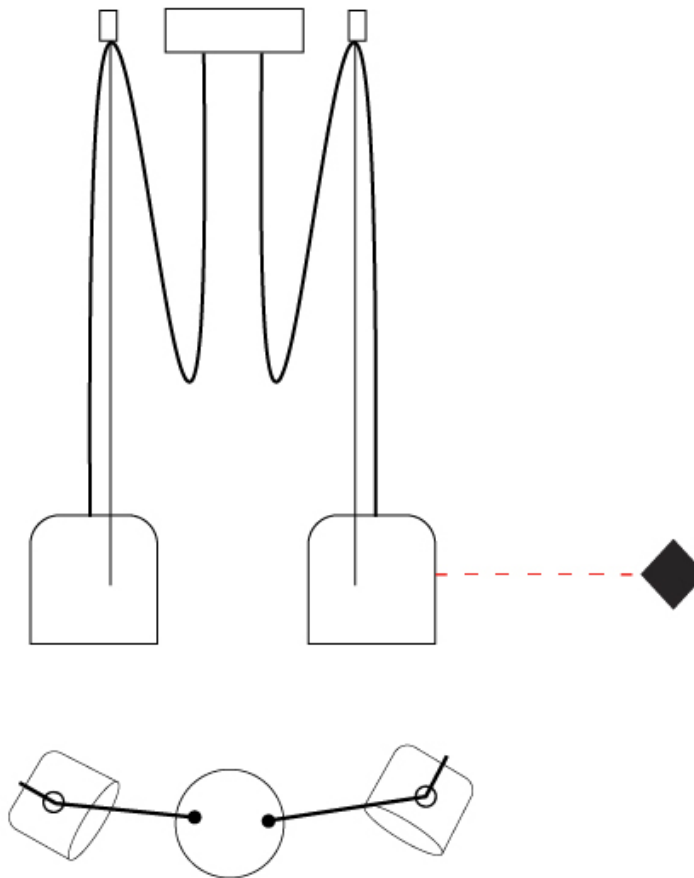

PACO SUSPENSION

D111011-

PROJECT _____

TYPE _____

SPECIFIER _____

QUANTITY _____

DATE _____

D

- - - - -

▶ What is expected:
All the records need to be set down word for word, with the images left out.

▶ Output for this task:
PACO SUSPENSION

D111011-

PROJECT _____

TYPE _____

SPECIFIER _____

QUANTITY _____

DATE _____

D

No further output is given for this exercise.